Instructions to follow: An exact copy is required of the lines from the one with "- No waiting at any time" through the last line of the material below, and of nothing else.
──────── Data for review ────────
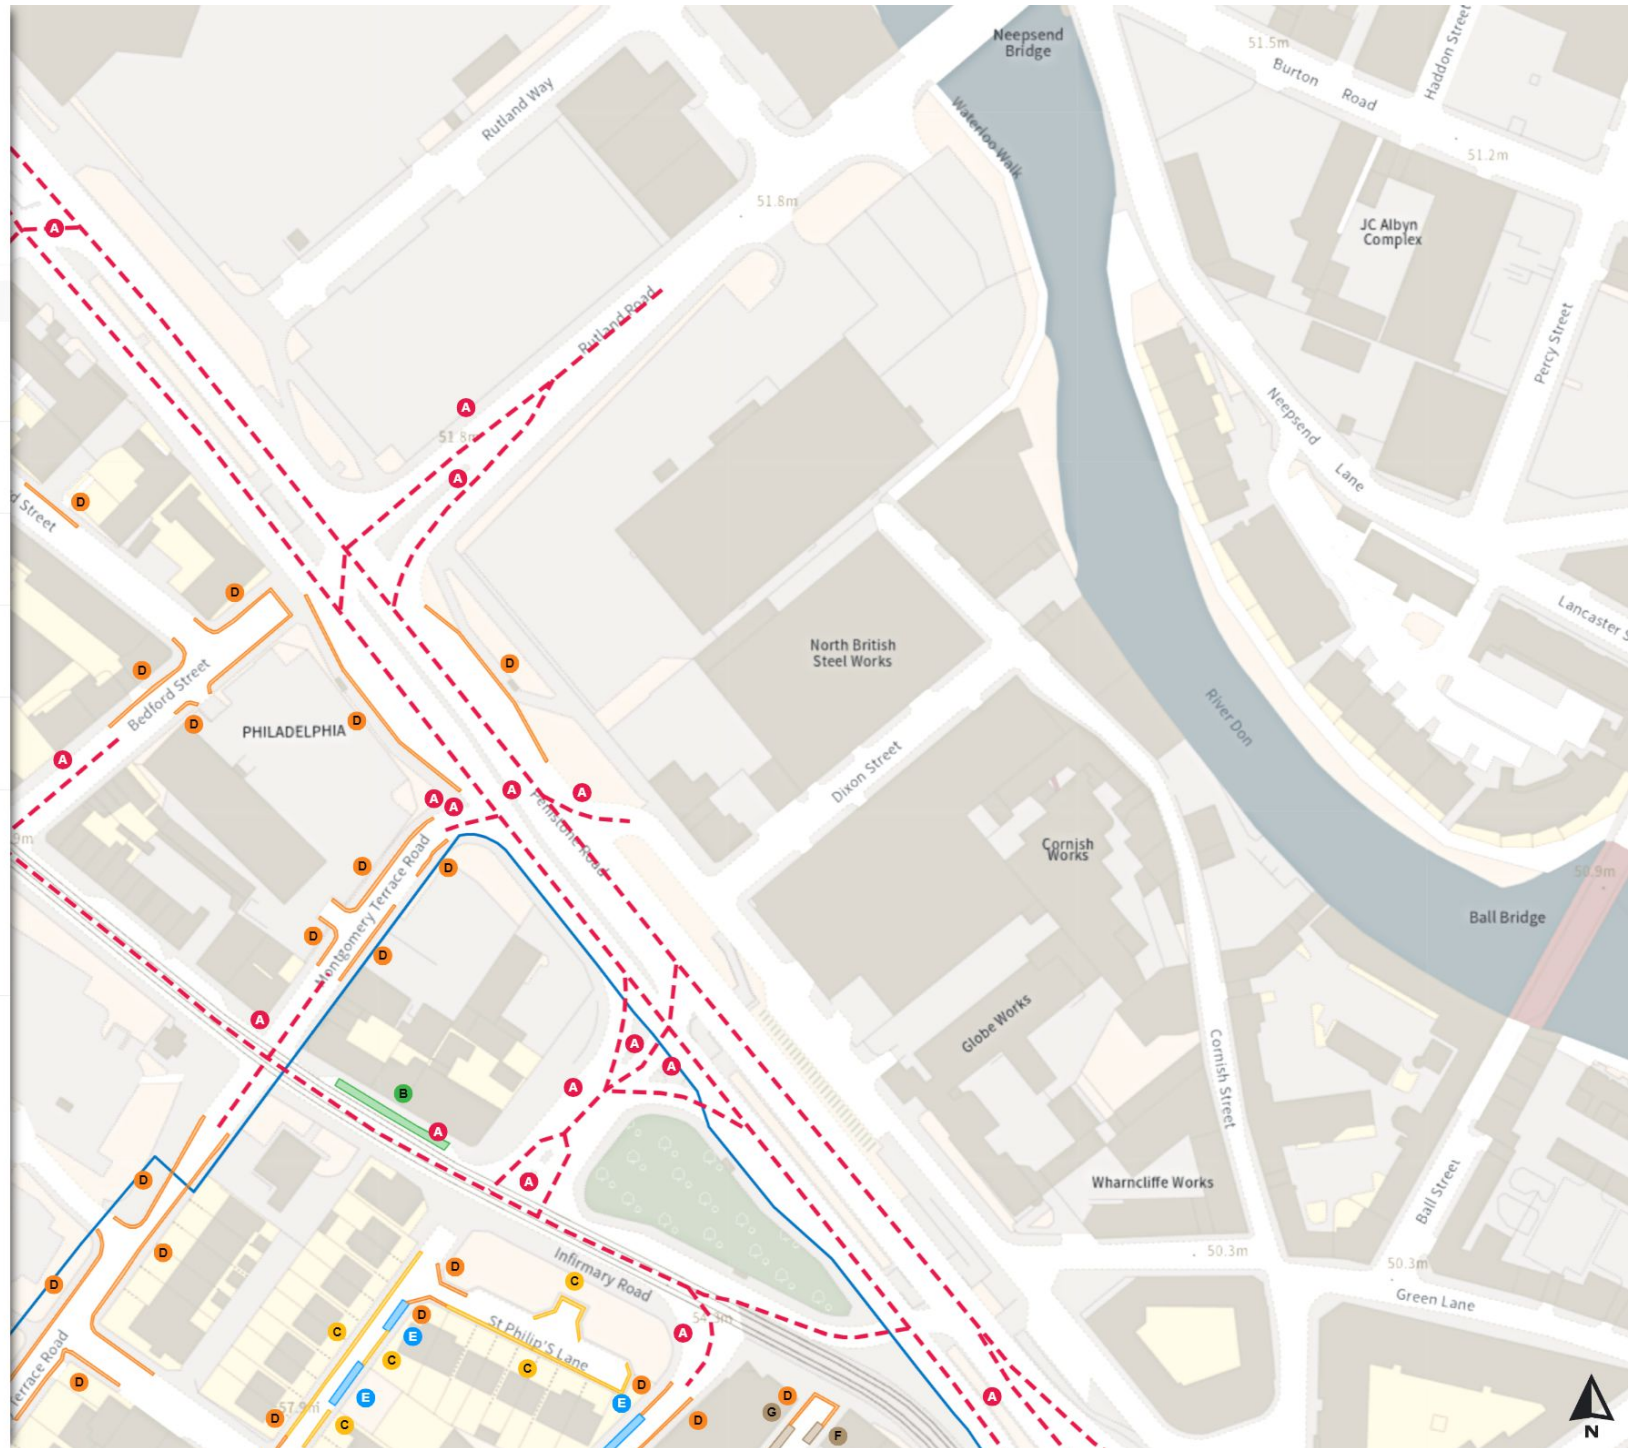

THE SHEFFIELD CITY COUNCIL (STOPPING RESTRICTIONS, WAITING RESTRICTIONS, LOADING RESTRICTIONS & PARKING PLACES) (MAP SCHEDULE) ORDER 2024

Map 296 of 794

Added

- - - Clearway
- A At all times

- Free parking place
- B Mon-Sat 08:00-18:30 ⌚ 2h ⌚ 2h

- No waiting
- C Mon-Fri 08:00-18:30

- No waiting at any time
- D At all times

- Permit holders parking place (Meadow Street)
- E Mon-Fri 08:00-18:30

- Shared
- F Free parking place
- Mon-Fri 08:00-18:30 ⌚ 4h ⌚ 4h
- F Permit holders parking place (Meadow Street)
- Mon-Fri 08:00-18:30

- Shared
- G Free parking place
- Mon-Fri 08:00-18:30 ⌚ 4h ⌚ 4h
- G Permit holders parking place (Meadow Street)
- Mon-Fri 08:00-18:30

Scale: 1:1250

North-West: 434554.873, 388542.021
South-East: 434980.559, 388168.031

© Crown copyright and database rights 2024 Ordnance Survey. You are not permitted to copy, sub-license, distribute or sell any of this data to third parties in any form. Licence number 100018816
────────
The answer:
- No waiting at any time
- D At all times

- Permit holders parking place (Meadow Street)
- E Mon-Fri 08:00-18:30

- Shared
- F Free parking place
- Mon-Fri 08:00-18:30 ⌚ 4h ⌚ 4h
- F Permit holders parking place (Meadow Street)
- Mon-Fri 08:00-18:30

- Shared
- G Free parking place
- Mon-Fri 08:00-18:30 ⌚ 4h ⌚ 4h
- G Permit holders parking place (Meadow Street)
- Mon-Fri 08:00-18:30

Scale: 1:1250

North-West: 434554.873, 388542.021
South-East: 434980.559, 388168.031

© Crown copyright and database rights 2024 Ordnance Survey. You are not permitted to copy, sub-license, distribute or sell any of this data to third parties in any form. Licence number 100018816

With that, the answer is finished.